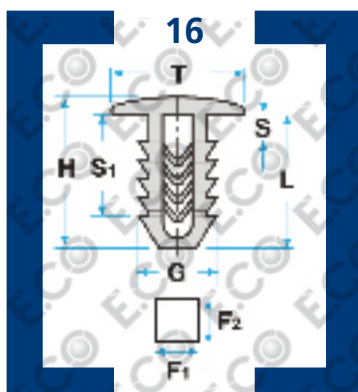

Art.	T	H	S	S1	L	G	F
40459T	17,0	-	-	-	18,0	-	9,0
50461S	21,0	11,0	-	-	9,5	10,0	7,0

Art.	T	S1	S	F	H	L	G	F
71395Z	24,0	-	-	-	15,0	-	-	12,0

Art.	F	G	H	L	Smin.	Smax.	T	V
40661Z	20	15	-	16	-	-	-	3,8
71415T	8,0	8,0	-	16,5	-	-	15,0	4,5

Art.	D	H	L	R	T
40609T	6,0	20,0	8,0	22,0	13,0
40722Z	-	30,0	7,5	24,0	13,0

DISEGNI TECNICI / TECHNICAL DRAWING 

Art.	F1	F2	G	H	L	S	S1	T1	T2
71151	4,5	5,0	-	16,0	-	-	-	13,0	10,0
94507	-	12	-	-	-	-	-	16,0	11,0
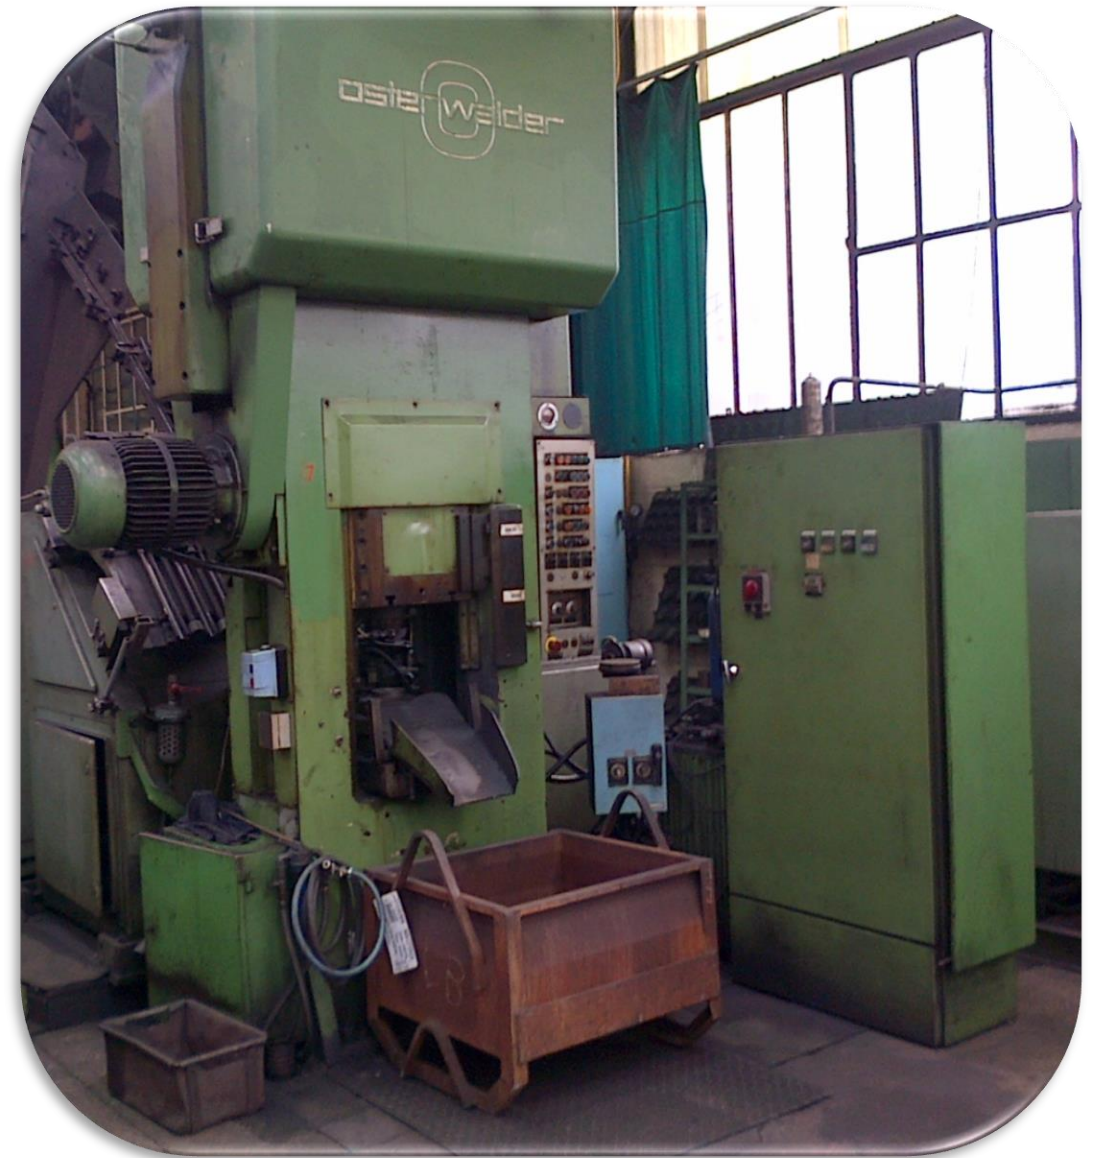

Screw Presses

Osterwalder FPN140

Technical Data:

- ✚ Nominal Force: **1600 kn**
- ✚ Type/Serial n°: **FPN 140 / 811935**
- ✚ YOM: **1981**
- ✚ Screw diameter: **140 mm**
- ✚ Ram stroke: **200mm**
- ✚ Height table/ram:
Max 450mm
Min 250mm
- ✚ Table: **390 x 550mm**
- ✚ Ram: **380 x 420 mm**
- ✚ Distance between guides: **440 mm**
- ✚ Side window: **140 mm**
- ✚ Motor: **11 kW**

:::::

EXERCISE REQUIREMENTS:
Which lines in the material above include the string "Screw"? Pull them out.

EXERCISE SOLUTION:
Screw Presses
- ✚ Screw diameter: **140 mm**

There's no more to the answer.